#### WHAT NEEDS TO BE DONE:
Could you print the listing again exactly, omitting the pictures?

*** Opening of EXTRACTED MATERIAL ***

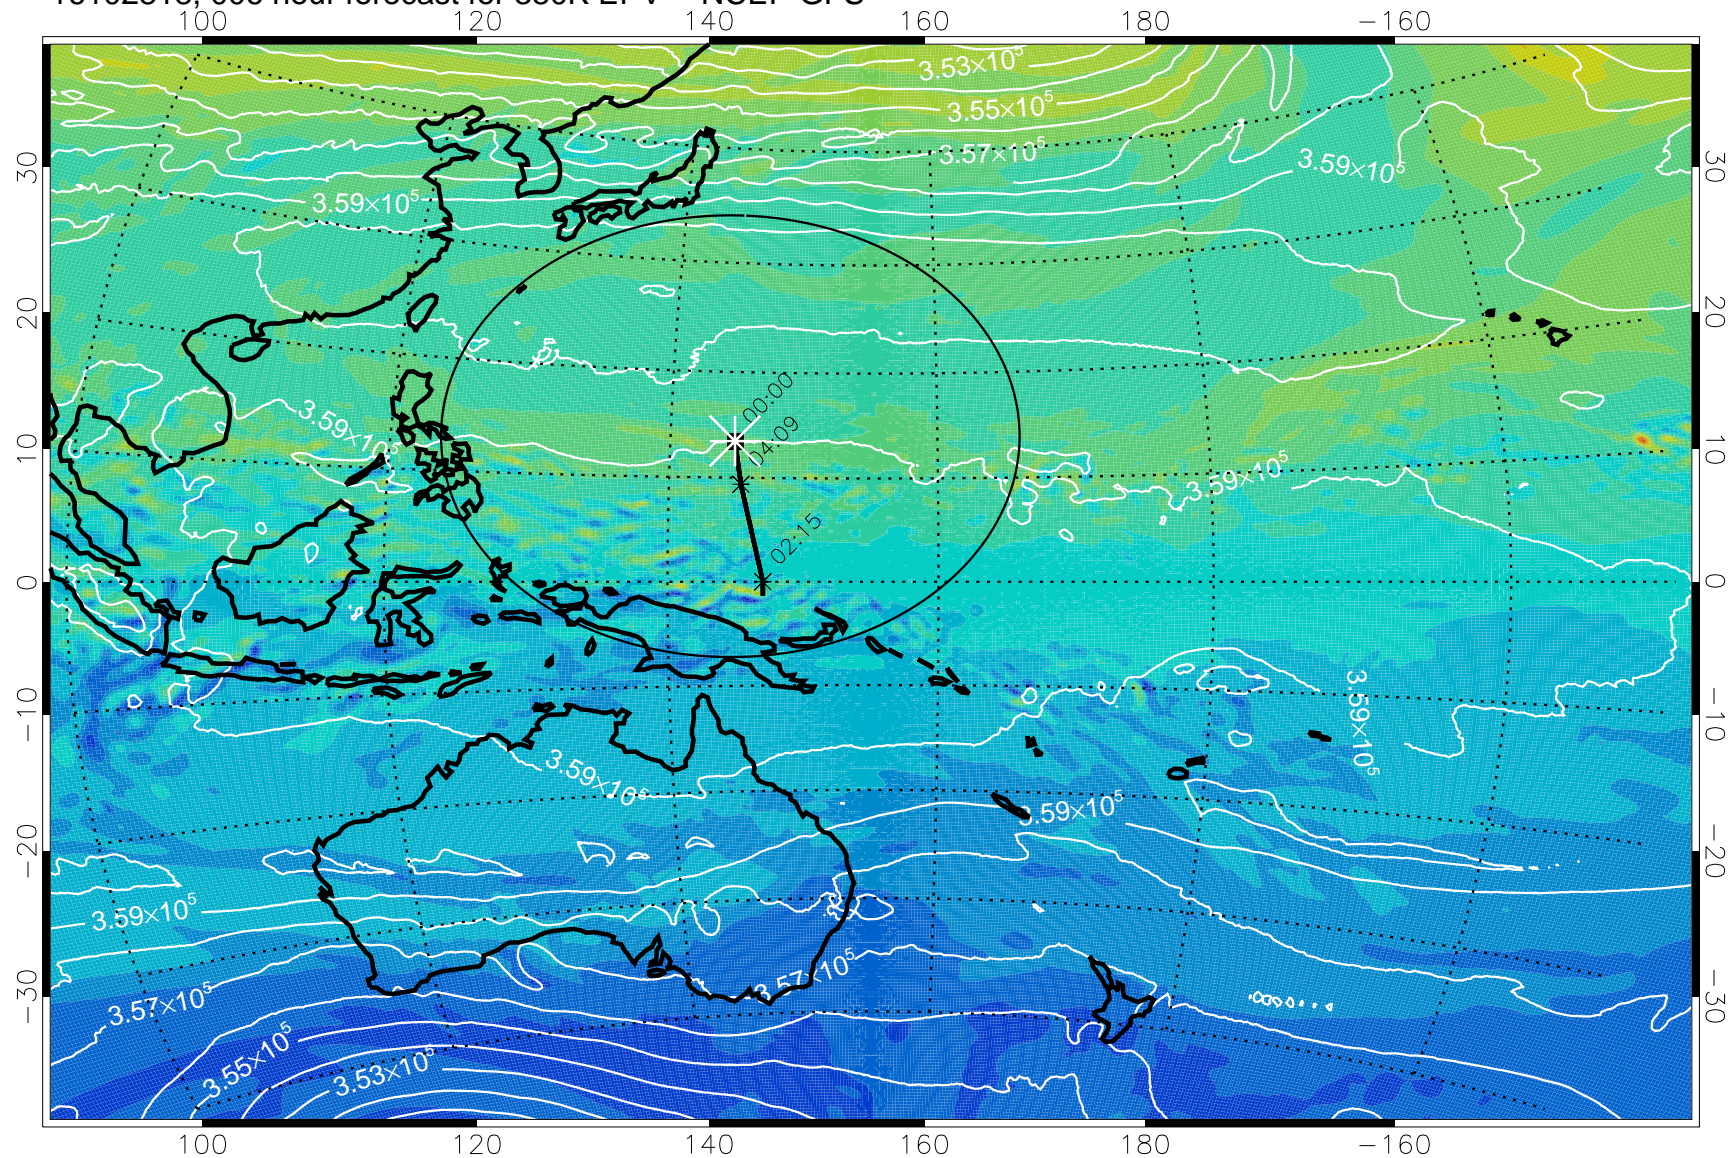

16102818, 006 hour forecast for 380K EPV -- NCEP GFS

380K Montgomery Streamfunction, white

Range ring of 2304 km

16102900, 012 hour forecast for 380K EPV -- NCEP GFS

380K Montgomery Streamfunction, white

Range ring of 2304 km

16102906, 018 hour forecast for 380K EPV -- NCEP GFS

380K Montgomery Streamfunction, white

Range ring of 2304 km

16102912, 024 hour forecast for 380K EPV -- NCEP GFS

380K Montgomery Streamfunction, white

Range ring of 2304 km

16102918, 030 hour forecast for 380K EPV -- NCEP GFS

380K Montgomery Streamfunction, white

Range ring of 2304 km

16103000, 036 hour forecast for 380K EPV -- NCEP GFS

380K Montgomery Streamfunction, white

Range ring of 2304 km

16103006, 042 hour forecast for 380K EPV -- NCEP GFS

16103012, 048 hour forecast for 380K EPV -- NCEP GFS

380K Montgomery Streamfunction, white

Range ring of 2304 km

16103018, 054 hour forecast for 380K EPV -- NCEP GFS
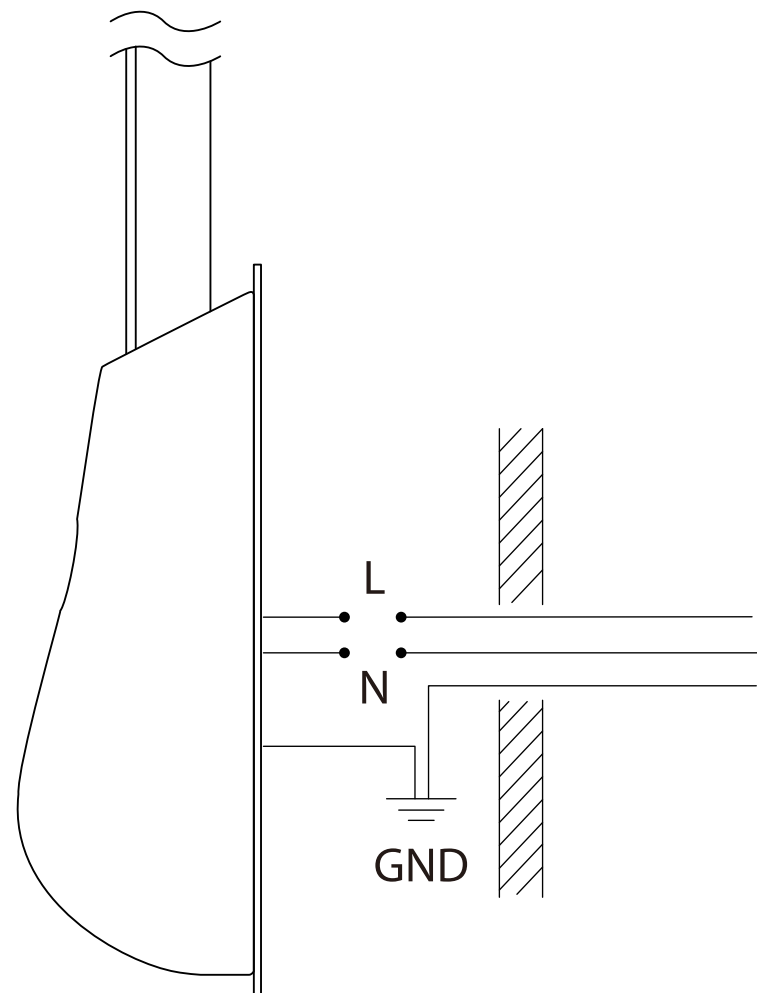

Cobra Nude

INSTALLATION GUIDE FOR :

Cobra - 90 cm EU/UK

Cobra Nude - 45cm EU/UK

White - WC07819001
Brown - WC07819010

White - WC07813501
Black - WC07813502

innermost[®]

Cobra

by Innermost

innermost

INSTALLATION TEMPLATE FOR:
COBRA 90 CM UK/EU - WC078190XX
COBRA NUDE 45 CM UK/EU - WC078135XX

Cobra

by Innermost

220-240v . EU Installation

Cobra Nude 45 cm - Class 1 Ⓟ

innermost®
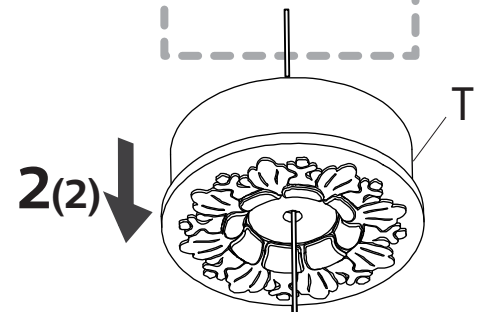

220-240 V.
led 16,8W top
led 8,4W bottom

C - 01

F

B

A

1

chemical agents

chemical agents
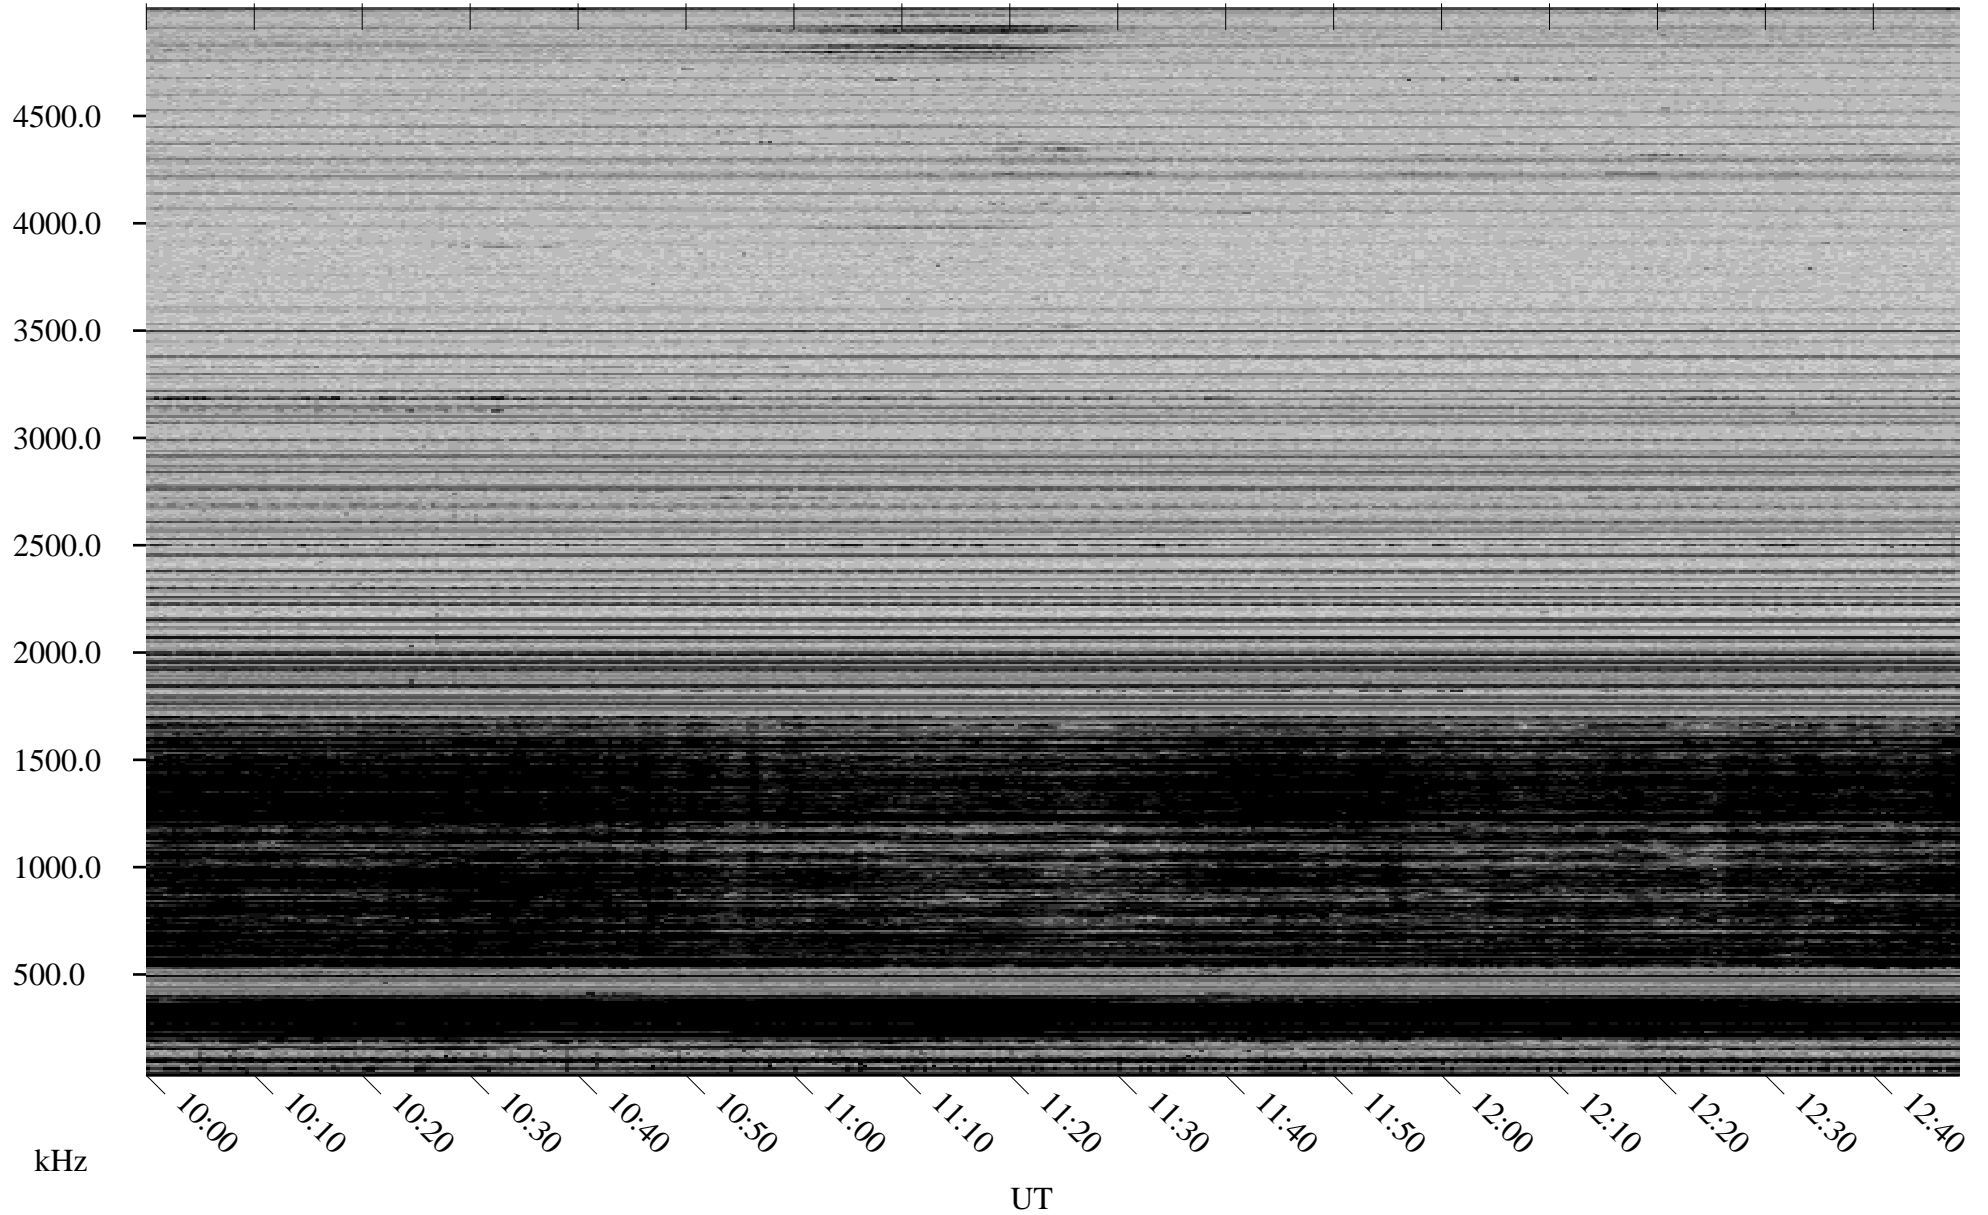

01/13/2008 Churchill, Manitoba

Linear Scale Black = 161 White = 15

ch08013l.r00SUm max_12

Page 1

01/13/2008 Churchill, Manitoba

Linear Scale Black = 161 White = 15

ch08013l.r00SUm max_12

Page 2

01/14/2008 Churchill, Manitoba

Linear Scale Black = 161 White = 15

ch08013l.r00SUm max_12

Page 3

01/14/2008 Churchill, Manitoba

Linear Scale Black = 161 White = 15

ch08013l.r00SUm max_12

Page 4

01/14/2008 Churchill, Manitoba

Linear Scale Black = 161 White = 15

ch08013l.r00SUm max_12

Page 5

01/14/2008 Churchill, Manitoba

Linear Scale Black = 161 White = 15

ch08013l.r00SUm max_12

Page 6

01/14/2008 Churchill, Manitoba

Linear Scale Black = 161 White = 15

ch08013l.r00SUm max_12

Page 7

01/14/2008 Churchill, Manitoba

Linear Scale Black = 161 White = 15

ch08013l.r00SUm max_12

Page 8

*** Close of EXTRACTED MATERIAL ***

#### RESULT OF THE TASK:
16102818, 006 hour forecast for 380K EPV -- NCEP GFS

380K Montgomery Streamfunction, white

Range ring of 2304 km

16102900, 012 hour forecast for 380K EPV -- NCEP GFS

380K Montgomery Streamfunction, white

Range ring of 2304 km

16102906, 018 hour forecast for 380K EPV -- NCEP GFS

380K Montgomery Streamfunction, white

Range ring of 2304 km

16102912, 024 hour forecast for 380K EPV -- NCEP GFS

380K Montgomery Streamfunction, white

Range ring of 2304 km

16102918, 030 hour forecast for 380K EPV -- NCEP GFS

380K Montgomery Streamfunction, white

Range ring of 2304 km

16103000, 036 hour forecast for 380K EPV -- NCEP GFS

380K Montgomery Streamfunction, white

Range ring of 2304 km

16103006, 042 hour forecast for 380K EPV -- NCEP GFS

16103012, 048 hour forecast for 380K EPV -- NCEP GFS

380K Montgomery Streamfunction, white

Range ring of 2304 km

16103018, 054 hour forecast for 380K EPV -- NCEP GFS

Cobra Nude

INSTALLATION GUIDE FOR :

Cobra - 90 cm EU/UK

Cobra Nude - 45cm EU/UK

White - WC07819001
Brown - WC07819010

White - WC07813501
Black - WC07813502

innermost[®]

Cobra

by Innermost

innermost

INSTALLATION TEMPLATE FOR:
COBRA 90 CM UK/EU - WC078190XX
COBRA NUDE 45 CM UK/EU - WC078135XX

Cobra

by Innermost

220-240v . EU Installation

Cobra Nude 45 cm - Class 1 Ⓟ

innermost®

220-240 V.
led 16,8W top
led 8,4W bottom

C - 01

F

B

A

1

chemical agents

chemical agents

01/13/2008 Churchill, Manitoba

Linear Scale Black = 161 White = 15

ch08013l.r00SUm max_12

Page 1

01/13/2008 Churchill, Manitoba

Linear Scale Black = 161 White = 15

ch08013l.r00SUm max_12

Page 2

01/14/2008 Churchill, Manitoba

Linear Scale Black = 161 White = 15

ch08013l.r00SUm max_12

Page 3

01/14/2008 Churchill, Manitoba

Linear Scale Black = 161 White = 15

ch08013l.r00SUm max_12

Page 4

01/14/2008 Churchill, Manitoba

Linear Scale Black = 161 White = 15

ch08013l.r00SUm max_12

Page 5

01/14/2008 Churchill, Manitoba

Linear Scale Black = 161 White = 15

ch08013l.r00SUm max_12

Page 6

01/14/2008 Churchill, Manitoba

Linear Scale Black = 161 White = 15

ch08013l.r00SUm max_12

Page 7

01/14/2008 Churchill, Manitoba

Linear Scale Black = 161 White = 15

ch08013l.r00SUm max_12

Page 8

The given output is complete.